» **WHAT THE EXERCISE ASKS**
Without the pictures, write out every entry that follows exactly.

» **MATERIAL TO PROCESS**
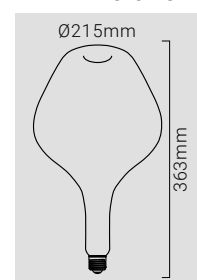

DIMENSIONS

 ES	100lm SMOKEY COLOUR	200lm AMBER COLOUR	2100K WARM WHITE	15000 LIFESPAN HRS	0.75 POWER FACTOR	 DIMMABLE
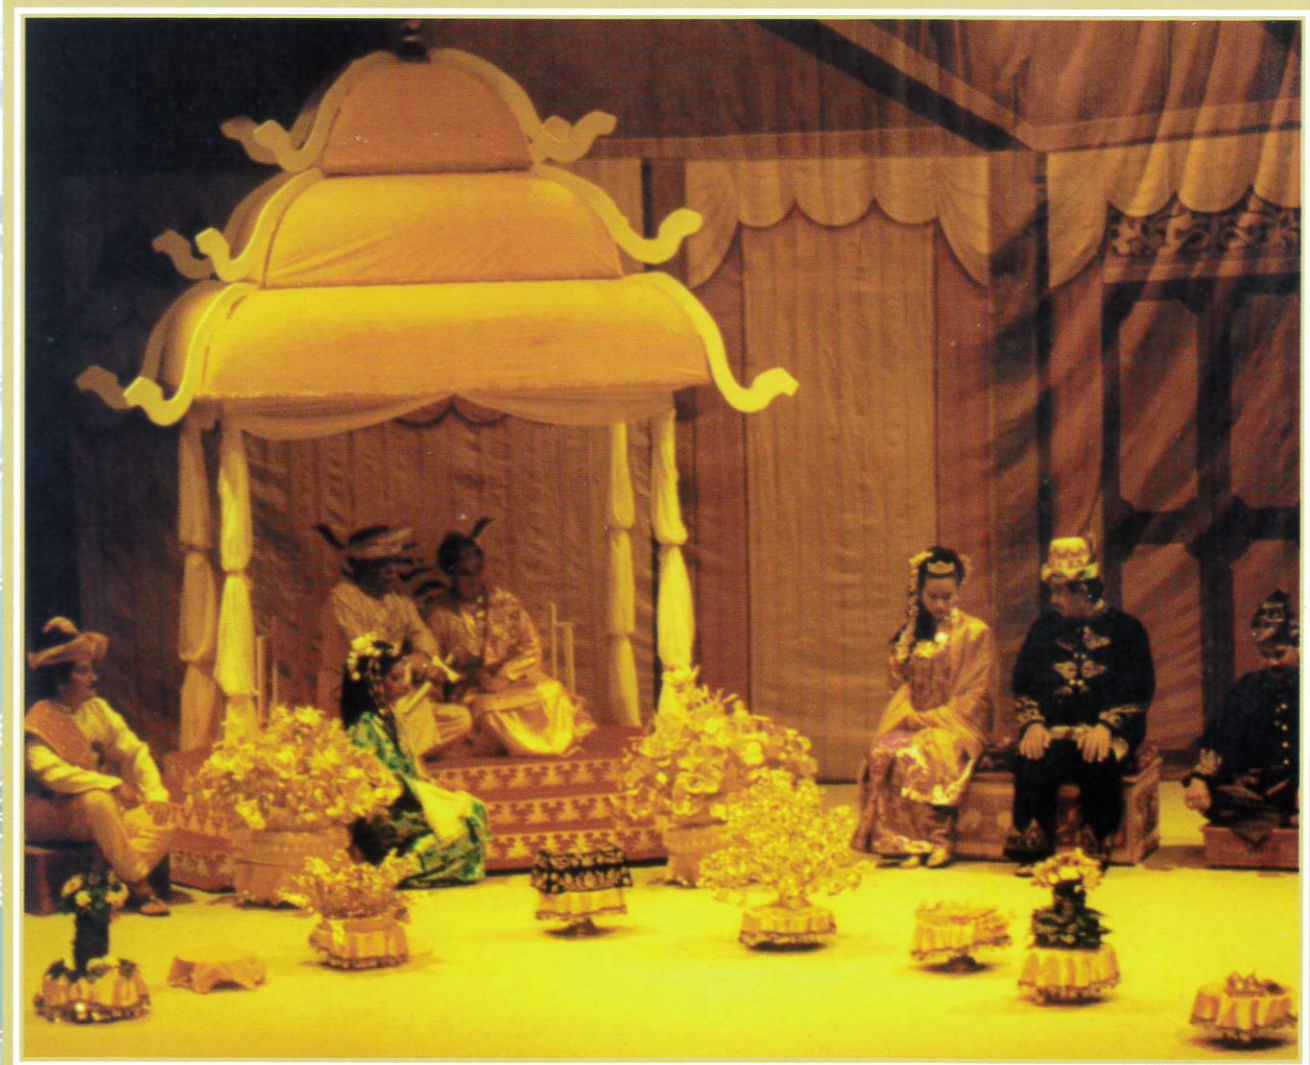

- Bangsawan - Malaysian Traditional Theatre
- Bangsawan - Teater Tradisional Malaysia
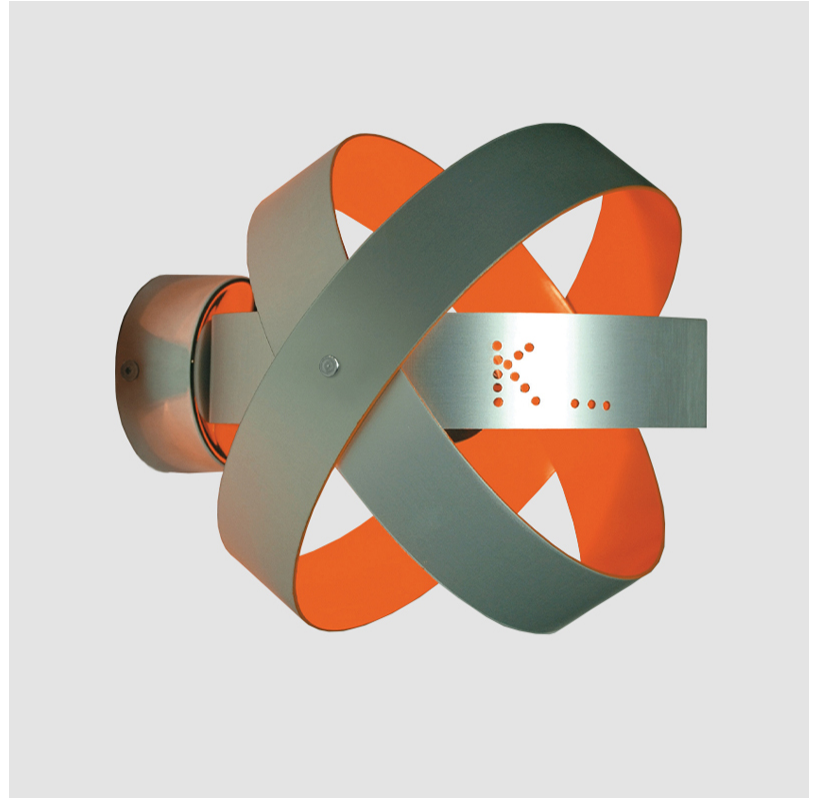

ECLIPTIKA SURFACE

D132032- _____

base number

1. To build a product code in our configurator select the specify button on the base model # product page
2. To build a manual product code on this datasheet choose from the options listed below in blue font and add the suffix to the base model #

GENERAL

Series: Ecliptika _____
Brand: Knikerboker _____
Division: Design _____
Mounting Type: Surface _____
Mounting Location: Ceiling _____
Subcategory: Wall Effect _____

PHYSICAL

Shape: Round _____
Diameter (mm): 400 _____
Diameter (in): 15 ³/₄ _____
Height (mm): 400 _____
Height (in): 15 ³/₄ _____
Extension (mm): 400 _____
Extension (in): 15 ³/₄ _____
Light Distribution: Downlight _____
Fixture Finish: EWH / EBK / MAN / COF / PRD / SLF / GLF / CLF / BRL / EWS / EWG / EWC / EWR / EBS / EBG / EBC / EBC / EBB / MAS / MAD / MAC / MAB / COS / CGO / CCL / CBL / PRS / PRG / PRC / PRB _____
Fixture Material: Anodized Aluminum _____

ELECTRICAL

Number of Lamps: 1 _____
Lamp Type: LED Retrofit _____
Bulb Included: Bulb Not Included _____
Max. Wattage Per Lamp (W): 4 _____
Lamp Base: E26 _____
Input Voltage (V): 120 _____
Upon Request: GU24 / 277Vac _____

LED

OPTICAL

RATINGS AND CERTIFICATIONS

Certified By: Certified for North American Standards _____
IP rating: IP20 _____

PROJECT _____

TYPE _____

SPECIFIER _____

QUANTITY _____

DATE _____

400mm 15 ³/₄"

» **RESULT FOR THIS EXERCISE**
DIMENSIONS

 ES	100lm SMOKEY COLOUR	200lm AMBER COLOUR	2100K WARM WHITE	15000 LIFESPAN HRS	0.75 POWER FACTOR	 DIMMABLE

- Bangsawan - Malaysian Traditional Theatre
- Bangsawan - Teater Tradisional Malaysia

ECLIPTIKA SURFACE

D132032- _____

base number

1. To build a product code in our configurator select the specify button on the base model # product page
2. To build a manual product code on this datasheet choose from the options listed below in blue font and add the suffix to the base model #

GENERAL

Series: Ecliptika _____
Brand: Knikerboker _____
Division: Design _____
Mounting Type: Surface _____
Mounting Location: Ceiling _____
Subcategory: Wall Effect _____

PHYSICAL

Shape: Round _____
Diameter (mm): 400 _____
Diameter (in): 15 ³/₄ _____
Height (mm): 400 _____
Height (in): 15 ³/₄ _____
Extension (mm): 400 _____
Extension (in): 15 ³/₄ _____
Light Distribution: Downlight _____
Fixture Finish: EWH / EBK / MAN / COF / PRD / SLF / GLF / CLF / BRL / EWS / EWG / EWC / EWR / EBS / EBG / EBC / EBC / EBB / MAS / MAD / MAC / MAB / COS / CGO / CCL / CBL / PRS / PRG / PRC / PRB _____
Fixture Material: Anodized Aluminum _____

ELECTRICAL

Number of Lamps: 1 _____
Lamp Type: LED Retrofit _____
Bulb Included: Bulb Not Included _____
Max. Wattage Per Lamp (W): 4 _____
Lamp Base: E26 _____
Input Voltage (V): 120 _____
Upon Request: GU24 / 277Vac _____

LED

OPTICAL

RATINGS AND CERTIFICATIONS

Certified By: Certified for North American Standards _____
IP rating: IP20 _____

PROJECT _____

TYPE _____

SPECIFIER _____

QUANTITY _____

DATE _____

400mm 15 ³/₄"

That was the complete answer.